The Seam Test: Four Signals Every AI Interface Should Expose
Updated
Knowledge on this page was mainly distilled from AI Hallucinations Start at the Interface.
The Seam Test is a four-point checklist for evaluating whether an AI interface honestly communicates the nature of its output. When all four seams are hidden, users are forced to reverse-engineer uncertainty from vibes.
The Four Seams
- Confidence. Give the user a sense of how stable the answer is, grounded in something checkable. "High confidence, 3 retrieved docs agree on the date" is useful. A free-floating 94% is the same bluff in a different costume.
- Mode. Tell the user whether the response is quoted from a source, synthesized across multiple sources, or generated by model inference. These are fundamentally different kinds of answers.
- Evidence. Make supporting material inspectable without turning the user into a forensic analyst. Clicking a sentence should open the exact excerpt behind it. Unsupported clauses should be visually obvious.
- Abstention. Let the system say "I don't know," ask for clarification, or narrow its claim. Refusal is sometimes the most useful answer on the screen.
Signals Must Vary or They Become Noise
Badges and labels can decay into ritual. If every response ships a "High confidence" sticker, the sticker becomes wallpaper. A source chip that never reveals a gap is wallpaper. Seams earn trust by being honest and occasionally refusing, narrowing, or pointing at nothing solid.
Q&A
What is the Seam Test for AI interfaces?
It is a four-point check asking whether an AI interface exposes confidence, mode, evidence, and abstention. Each seam gives the user a different kind of information about how reliable and grounded the output is. If all four are hidden, the interface is forcing users to guess at reliability, which is how hallucinations feel like betrayal instead of expected uncertainty.

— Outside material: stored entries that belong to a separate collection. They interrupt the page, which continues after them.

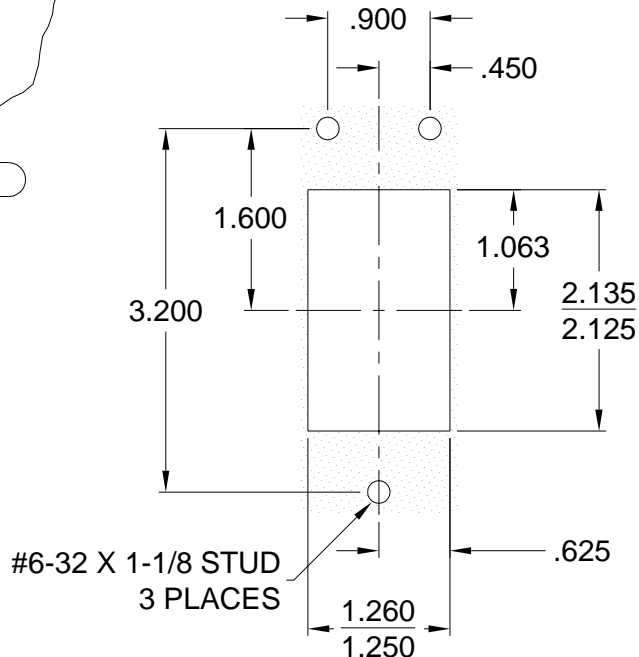

C.E. Electronics, Inc.
 2107 Industrial Drive
 Bryan, OH 43506
 PH (419) 636-6705 FX (419) 636-2516
 www.ccelectronics.com

OV105-XX

Ver. 5 Rel. 2/18/2019

OTIS

INPUT CONNECTION

OTIS CAR DATA LINK
 L1, L2, P, G

1/2" CHARACTER

RENEWAL PARTS

- Lens: 104-5605 RED
- Lens: 104-6005 GRAY
- Lens: 104-9005 BLUE

PANEL PREPARATION

OTIS 411 SERIES CONTROLLERS

REMOTE DISPLAY INDICATOR "RDI"

Segmented LED, digital indicator for floor position display, as well as car direction. Any alphanumeric character can be displayed in either single or double digit floor designations.

COLOR:

- "R" = RED SEGMENTS / RED ARROWS
- "G" = GREEN SEGMENTS / RED ARROWS
- "B" = BLUE SEGMENTS / BLUE ARROWS

LENS:

- "R" = RED
- "G" = GRAY
- "B" = BLUE
- "X" = NO LENS
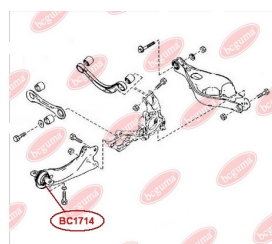

APPLICABILITY:

MAZDA

BC1714
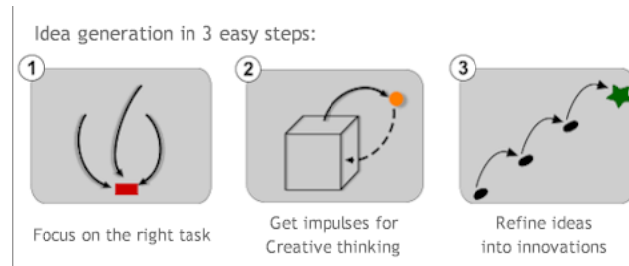

Visual Mind™ Add-In theRealizer

theRealizer for Visual Mind™ is a unique brainstorming software that will inspire and guide you to generate, compare and refine new ideas through a step by step creative process

Formulate an inspiring and challenging work task.

For any successful ideation process we need to ensure we solve the correct problem. It will have to be articulated as a crisp, focused and inspiring question. Regardless of how creative and new the ideas we come up with, if they do not solve the intended problem it is of no value in the present. The way we articulate the work task controls the kind of ideas we will generate. The actual wording of the work task will focus our search for ideas in a specific direction and decide how far “out-of-the-box” we will be able to reach for new ideas. theRealizer software and the **Visual Mind™** suite of tools assist you to come up with many alternative wordings for you to select from.

Use the Creative tools to get NEW ideas.

It requires energy to make new connections in our brains. This is what theRealizer and the **Visual Mind™** suite of tools help you with. Let the tools provoke and energise your thinking to find pattern breaking ideas. Using a couple of the tools to keep energy levels high and the self inspiration flow to continue idea generation. By choice of the most appropriate tool related to our specific work task and situation will guide us through the process.

theRealizer is software for Idea Generation

- **Lateral Thinking**

Tools and methods are based on the principals for lateral thinking.

- **Step-by-Step Guide**

theRealizer guides you through easy to follow steps to make a success of the creative process. The ability to jump between different steps: Working on the Challenge, Generating ideas, Refining and selcting ideas or search for complementary ideas in the idea bank.
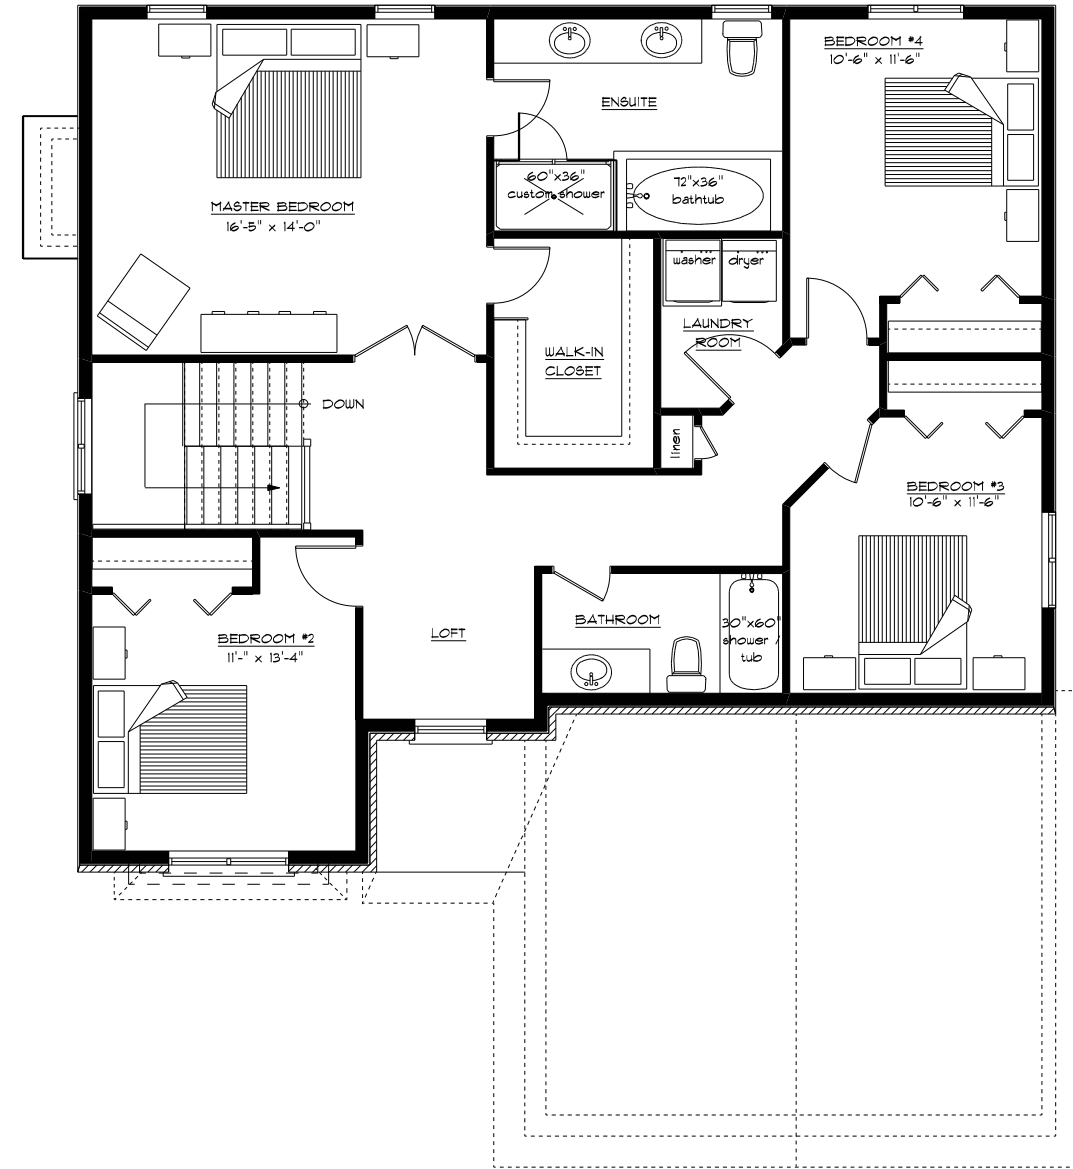

MAIN FLOOR PLAN

1142 sq.ft.

SECOND FLOOR PLAN

1190 sq.ft.

TOTAL : 2332 sq.ft

THE ROBIN
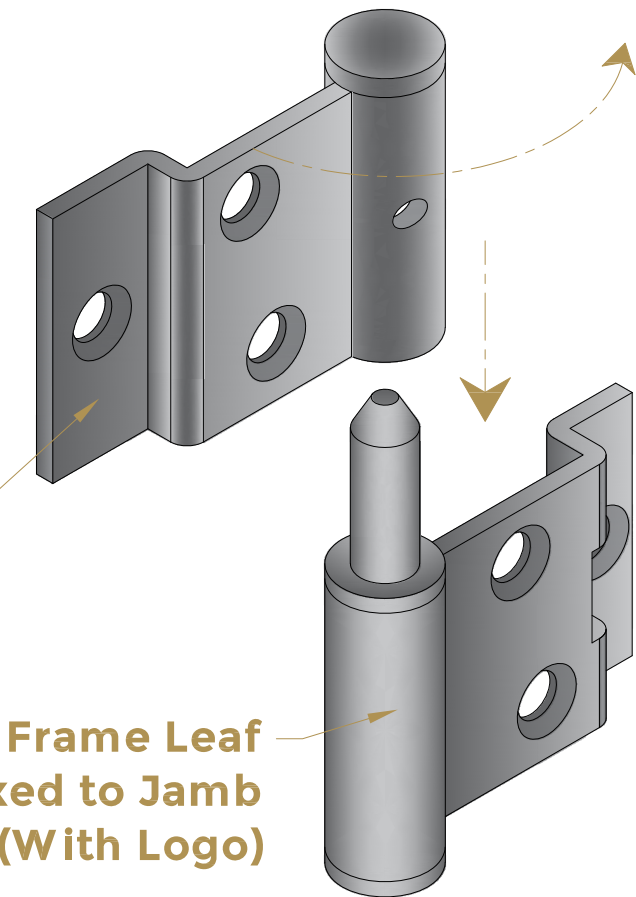

REVISION HISTORY		
Revision	Description	Date
A	Release	23/9/2021
B	Updated Drawing	6/9/2022

Left Hand Shown (Viewed from Outside)

Sash Leaf

OPEN VIEW

Sash Leaf Fixed to Stile

Frame Leaf Fixed to Jamb (With Logo)

Isometric View

Frame Leaf (With Logo)

PART VIEW

Closed View

TOP VIEW
Section A-A

CLOSED VIEW

coastal-group.com
Shaping the future

COASTAL

Part Number /Drawing Title:
FH70
BLU Tritus Lift Off Butt Hinge

Product Range:
Window Hinges

Material: 316 Stainless Steel (BLU Version Only)

Additional Info: Left Hand Shown, Right Hand Opposite

Date Drawn: 06/09/2022

Drawn By: Phillip Walklett

Part Number: FH70

File Name: FH70.dwg

Revision: B

Drawing Scale: 1:1 @ A3

Sheet Number: 1 of 1

THIRD ANGLE PROJECTION

This drawing and specification are the property of Coastal Specialist Ironmongery Ltd, they are issued in strict confidence and shall not be reproduced, copied or used without written permission.
EAOE - All dimensions are specified in mm.
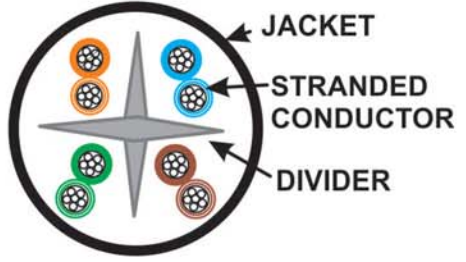

Pr

Customer Spec

VPI P/N: CAT6-LAV2-xx-GRAY

UNITS: Millimeters

No.	Component	Description
1	CABLE	CAT6 4P*24 AWG(7/0.20BC)+DIVIDER + PVC JACKET, O.D.=6.1mm, 60°C, GRAY
2	CONN.	RJ45 8P8C PLUG, UNSHIELDED, CONTACT:GOLD PLATED 15μ"
3	BOOT	LDPE
4	BOOT	PVC GRAY SNAGLESS
5	CONSTRUCT.	CABLE WITH NO OVERALL SHIELD AND 4 UNSHIELDED STRANDED TWISTED PAIR ALL MATERIALS ARE RoHS COMPLIANT
6	MARKING ON JACKET	AWM 2835, 24AWG,60°C 30V,FT2 ,<UL FILE #>, ETL VERIFIED, CAT6 FTP TIA/EIA 568B.2-1, CM, 4PR CABLE
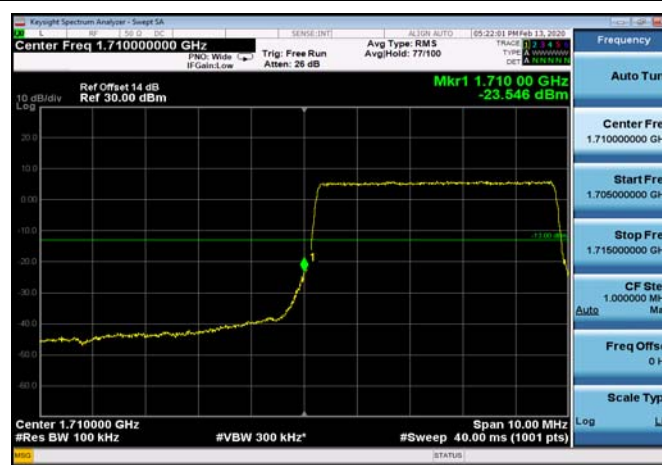

LowRange_ FDD66_5MHz_1712.5_fullRB
_Low_QPSK
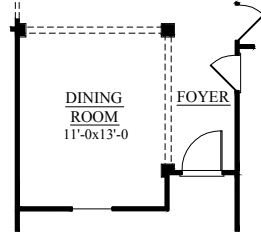

### FENWICK II

1855 SQ. FT.  
3 BEDROOMS, 2 BATHS

**A**

**B** SHOWN WITH OPTIONAL  
METAL ROOF

RAILINGS PER CODE ON ALL ELEVATIONS

SHOWN WITH OPTIONAL  
DORMER & METAL ROOF

FIRST LEVEL PLAN-ELEV. "C"

KITCHEN OPTION

DINING ROOM OPTION

STUDY OPTION

FIRST LEVEL PLAN

DELUXE M. BATH OPT. 1

OPT. LAUNDRY W/ STANDARD BATH LAYOUT

DELUXE M. BATH OPT. 2

OPT. LAUNDRY W/ DELUXE M. BATH OPT. 2

SIDE ENTRY GARAGE OPTION
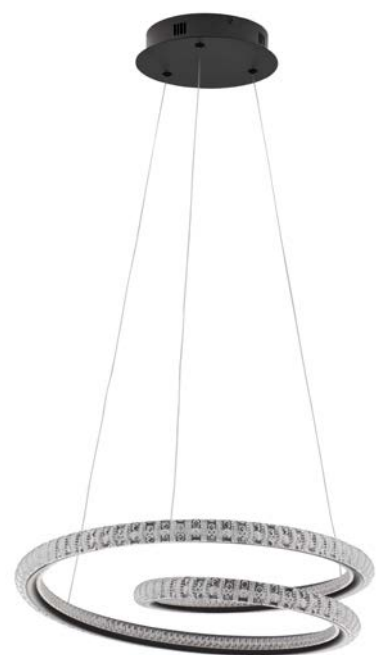

GINEVRA - 9748165
Dimmable
Sandy black Aluminium
& Acrylic
LED 45 Watt 230 Volt
2800Lm 3000K IP20
D: 48 H: 120 cm

LED WARM WHITE DRIVER INCL.
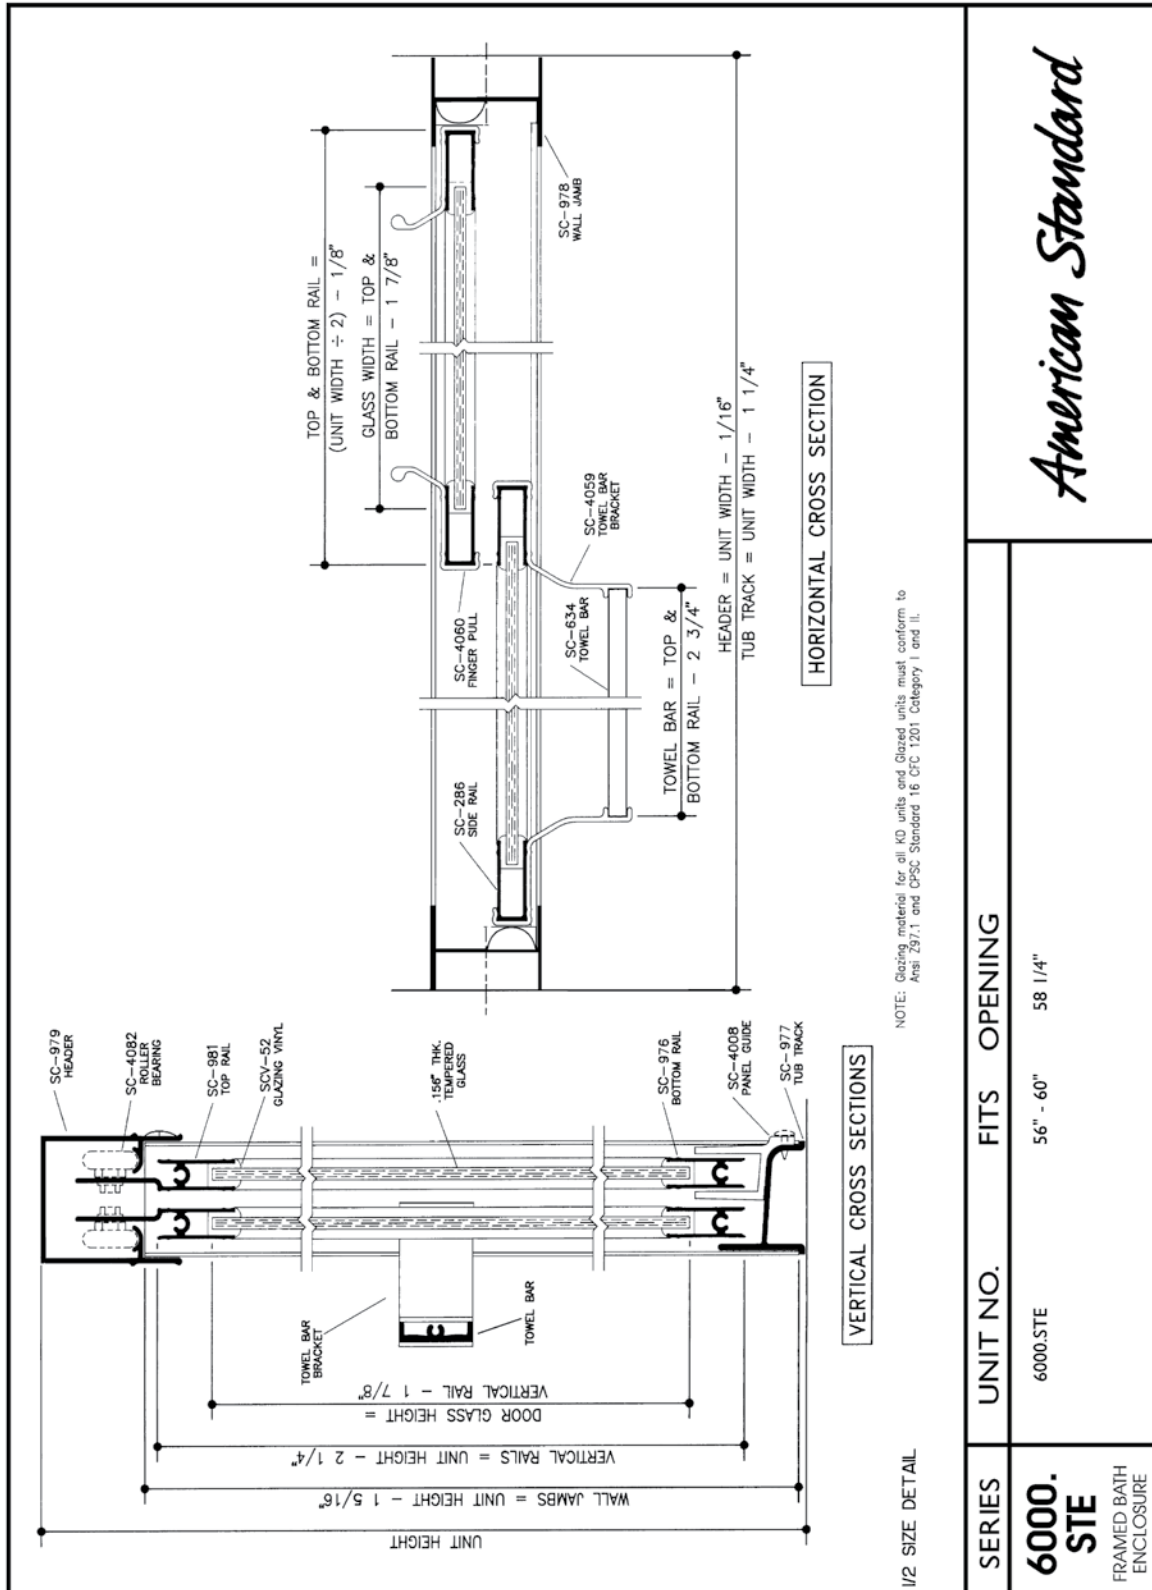

#### Product Features:

- Tempered safety glass
- Reversible header
- Slotted roller carriage for out-of-square installations
- Easy clean tackless sill plate
- Thin line heavy duty metal frame
- Jamb bumpers
- Towel bars on exterior of unit

**6000.STE1** Obscure Glass

**6000.STE2** Clear Glass

60" x 58-1/4"

(1534 x 1480mm)

SEE REVERSE SIDE FOR DETAILED  
DIMENSIONAL INFORMATION

What does showing mode mean in practice?
Mode labeling tells users whether a given passage is directly quoted from a source, synthesized across multiple sources, or generated as model inference. A legal research tool might tag one sentence 'Quoted from Smith v. Jones,' the next 'Summary of two cases,' and the next 'Inference based on both.' These are three fundamentally different reliability levels that look identical in a plain paragraph.
How do you show confidence without faking precision?
Ground the confidence signal in something the user can verify. 'Three retrieved documents agree on this date' is meaningful. A floating percentage like 94% can imply false precision if it is not tied to a legible measurement. The goal is calibration the user can evaluate, not a number that merely looks authoritative.
Why does abstention matter as a design signal?
A 2024 Nature paper showed that uncertainty signals can help detect likely confabulations and improve accuracy when the system refuses shaky answers instead of bluffing through them. Letting the model say 'I don't know' or narrow a claim is not a failure state. It is often the most honest and useful response the product can deliver.
How do you prevent confidence badges from becoming wallpaper?
The signals have to vary in practice. A badge that always reads 'high confidence' stops carrying information, much like cookie banners decayed from transparency into noise. The test is whether the signal occasionally says something the user does not want to hear, like 'low confidence' or 'no supporting source found.' Consistent positivity is just a new costume for the same overconfidence.
What is an example of the Seam Test applied to a real product?
A support copilot could flag 'Low confidence, policy documents conflict' before an agent sends a reply. In the same response card, green marks grounded passages, amber marks synthesis, and red marks extrapolation. No single disclaimer banner is needed because the signals live beside the text they describe.